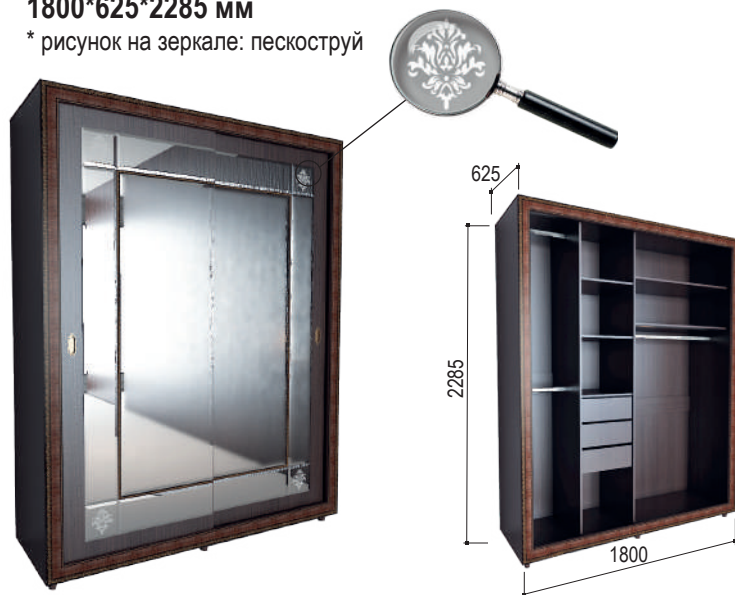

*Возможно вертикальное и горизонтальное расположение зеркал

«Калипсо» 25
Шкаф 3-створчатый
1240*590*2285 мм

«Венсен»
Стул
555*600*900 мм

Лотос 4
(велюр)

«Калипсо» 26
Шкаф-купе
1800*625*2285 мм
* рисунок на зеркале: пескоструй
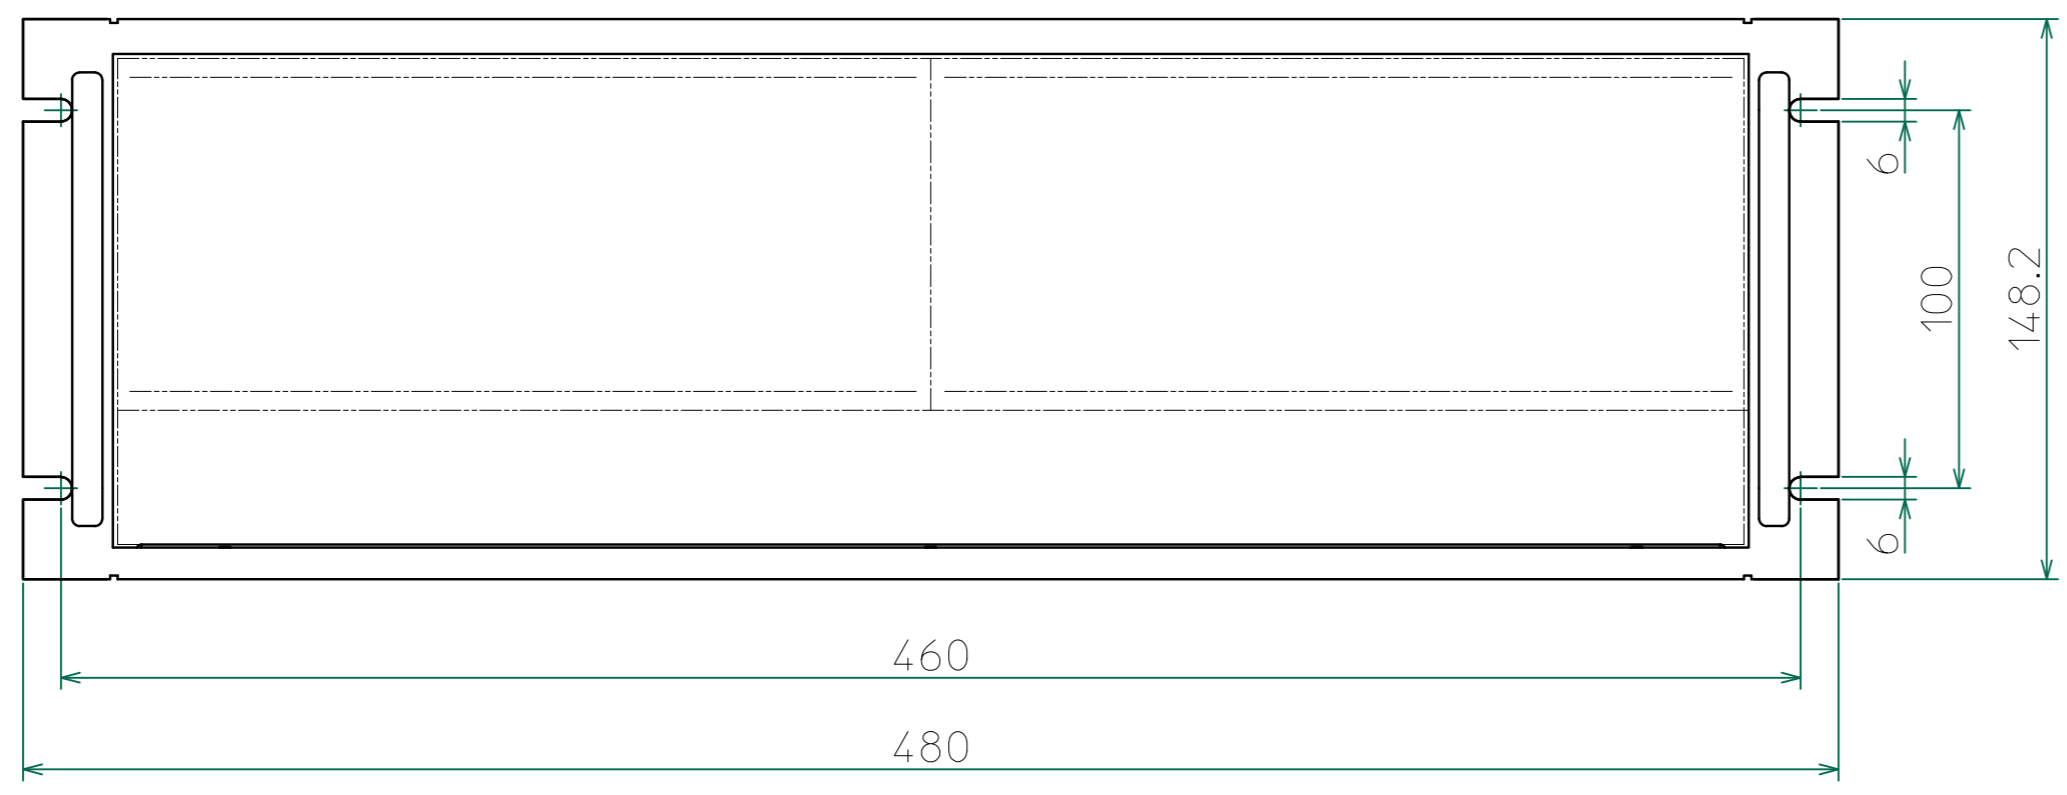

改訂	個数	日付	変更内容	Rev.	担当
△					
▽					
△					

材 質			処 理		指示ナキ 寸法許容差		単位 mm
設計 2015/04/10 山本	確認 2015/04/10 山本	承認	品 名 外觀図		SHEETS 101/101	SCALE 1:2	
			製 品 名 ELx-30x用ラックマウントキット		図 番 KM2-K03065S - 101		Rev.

+ + + + + + +

■ TASK GOAL
Reproduce the entries above word for word. Pictures stay out.

■ RESPONSE TO THE TASK
*Возможно вертикальное и горизонтальное расположение зеркал

«Калипсо» 25
Шкаф 3-створчатый
1240*590*2285 мм

«Венсен»
Стул
555*600*900 мм

Лотос 4
(велюр)

«Калипсо» 26
Шкаф-купе
1800*625*2285 мм
* рисунок на зеркале: пескоструй

改訂	個数	日付	変更内容	Rev.	担当
△					
▽					
△					

材 質			処 理		指示ナキ 寸法許容差		単位 mm
設計 2015/04/10 山本	確認 2015/04/10 山本	承認	品 名 外觀図		SHEETS 101/101	SCALE 1:2	
			製 品 名 ELx-30x用ラックマウントキット		図 番 KM2-K03065S - 101		Rev.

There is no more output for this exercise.